Exercise goal:
Your output is one number, the count of lines in the listing below that hold the word "Efeito".

:: Dataset ::

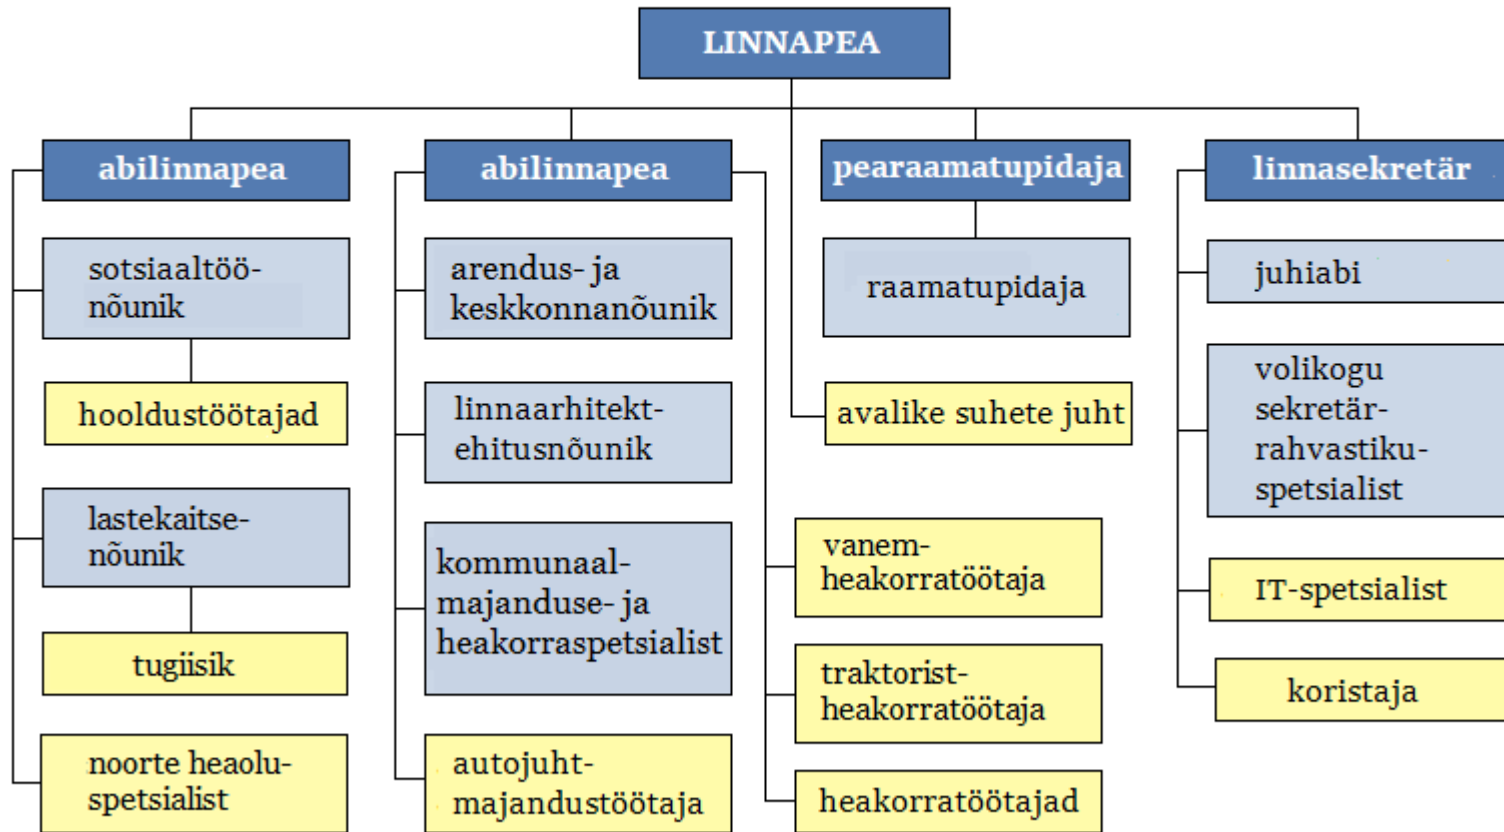

Loksa Linnavalitsuse struktuur

Teenistusgrupid: juhtivametnik ametnik töötaja
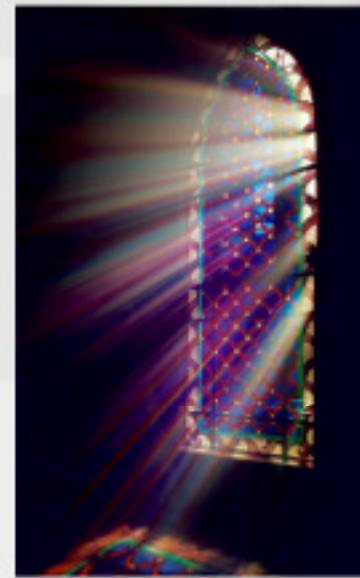

Efeito da Luz no vitral e no ambiente

Efeito da Luz

no vitral e no ambiente

LUZ, COR E HARMONIA

Vitral

Vista Interna e Externa

COM LUZ | SEM LUZ

Vista Interna

Vista Externa

Vista Interna

Vista Externa

Vista Interna

Vista Externa

Mosaico

Vista Interna e Externa

COM LUZ | SEM LUZ
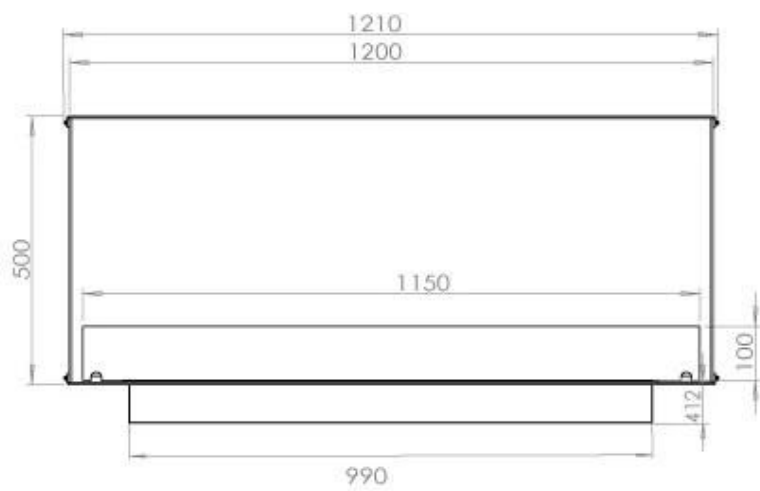

FLA 3+ 990 mm
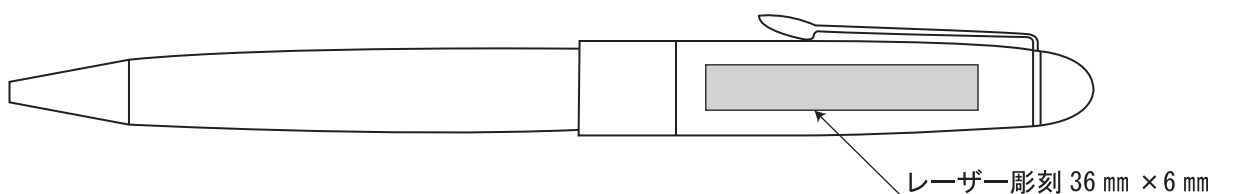

**SOA-024** (K4-403 木軸回転403BP)

135×φ8mm

**SOA-025** (K4-HS48S 木軸レトロBP(うす茶))

135×φ12mm

**SOA-026** (Q-1455 木軸レトロケースセット・エクサ)

141×φ12mm

**SOA-027** (Q-1446W 木軸ロイヤルケースセット)

145×φ12mm

**SOA-026 ケース** (Q-1455 木軸レトロケースセット・エクサ)

170×54×22mm

**SOA-027 ケース** (Q-1446W 木軸ロイヤルケースセット)

シルク印刷範囲 : 80 mm × 20 mm

# SOA-028[黒 / 赤 / 白] (K2-EL3M エレガント回転3メカ)

137×φ12mm

シルク印刷範囲 : 40 mm × 10 mm

# SOA-029 ケース (K5-2C600W かんきょうケース2色回転BP・SP)

171×52×26mm

シルク印刷(黒一色)範囲 : 100 mm × 15 mm

:::

Output of the task:
2